__PROBLEM TO WORK ON__.
Copy out each entry precisely; no image belongs in the result.

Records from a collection
§

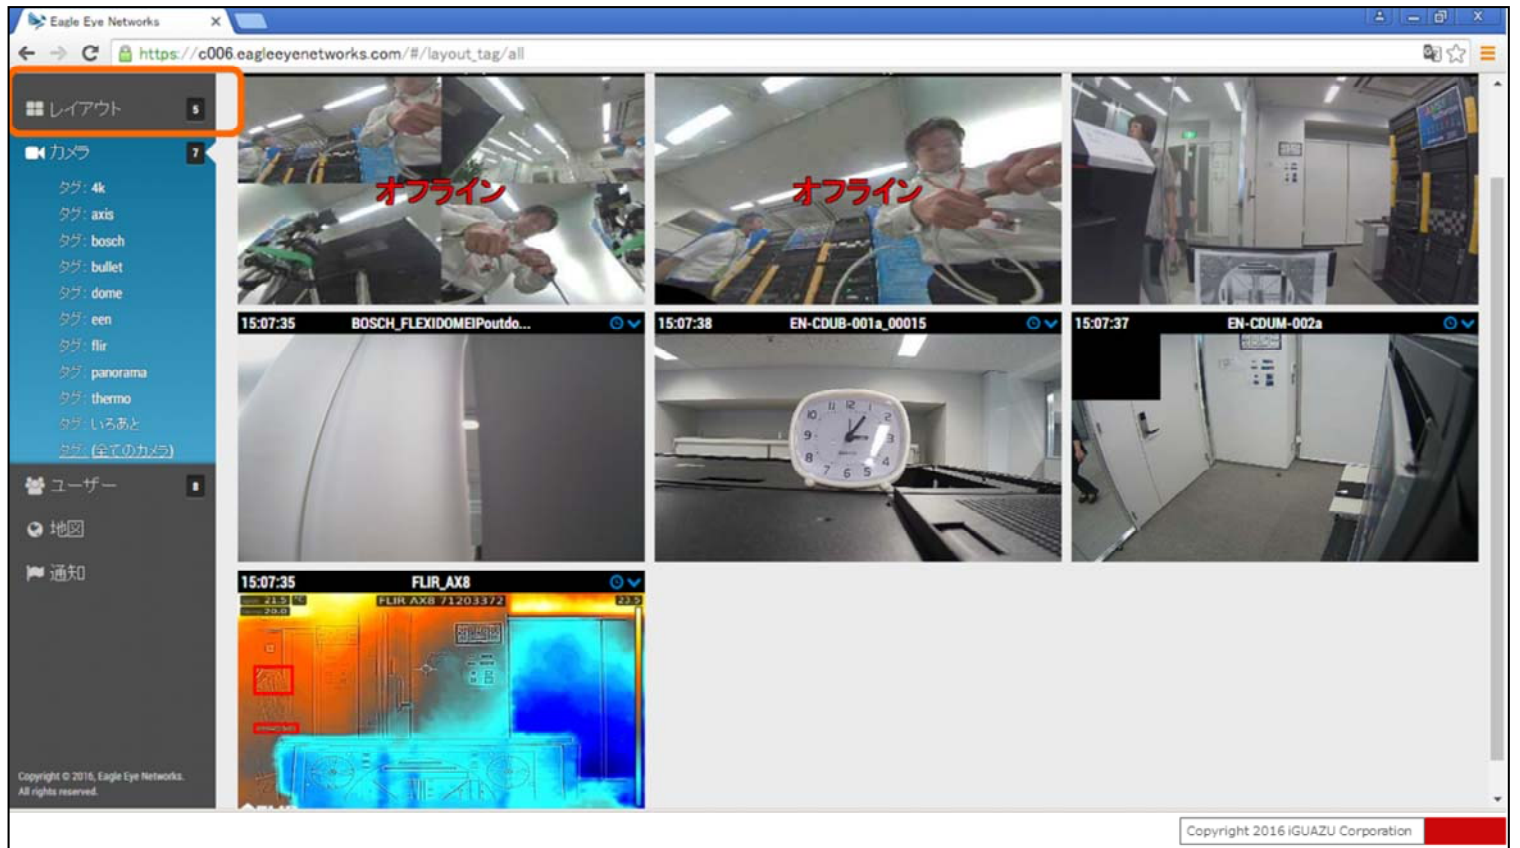

# ブラウザ を用いた場合

今回はPCでブラウザを用いた場合の画面を御覧ください。

共通のログイン画面です。

この共通のログイン画面により、利用者の一元管理が可能となり、管理者、ユーザーと言った区別だけでなく、

異なるロケーションに配置した多数のカメラの見える範囲など、役割、職務による区別も可能となり、企業ユーザーに最適な運用が可能です。

Eagle Eye Networks / Sign X

← → ↻ <https://c006.eagleeyenetworks.com/login.html> 🔍 ⭐ ☰

イーグル・アイには用途に合わせ、多種多様なカメラを接続可能です。

今回はカメラを7台接続しています。

これらカメラを目的別、用途別に「レイアウト」としてグループ化し、ログインするユーザーに割当て、参照可能な範囲の設定が可能です。

どのようなレイアウトがあるのか・・・

「レイアウト」をクリックします。

今回ログインしたユーザーの権限では・・

6つのレイアウトの参照が可能です。

レイアウト画面での映像はプレビュー画面とも言われ、最大、秒4コマのライブ画像で現在の状況のモニターが可能です。

§

__TASK OUTPUT__.
# ブラウザ を用いた場合

今回はPCでブラウザを用いた場合の画面を御覧ください。

共通のログイン画面です。

この共通のログイン画面により、利用者の一元管理が可能となり、管理者、ユーザーと言った区別だけでなく、

異なるロケーションに配置した多数のカメラの見える範囲など、役割、職務による区別も可能となり、企業ユーザーに最適な運用が可能です。

Eagle Eye Networks / Sign X

← → ↻ <https://c006.eagleeyenetworks.com/login.html> 🔍 ⭐ ☰

イーグル・アイには用途に合わせ、多種多様なカメラを接続可能です。

今回はカメラを7台接続しています。

これらカメラを目的別、用途別に「レイアウト」としてグループ化し、ログインするユーザーに割当て、参照可能な範囲の設定が可能です。

どのようなレイアウトがあるのか・・・

「レイアウト」をクリックします。

今回ログインしたユーザーの権限では・・

6つのレイアウトの参照が可能です。

レイアウト画面での映像はプレビュー画面とも言われ、最大、秒4コマのライブ画像で現在の状況のモニターが可能です。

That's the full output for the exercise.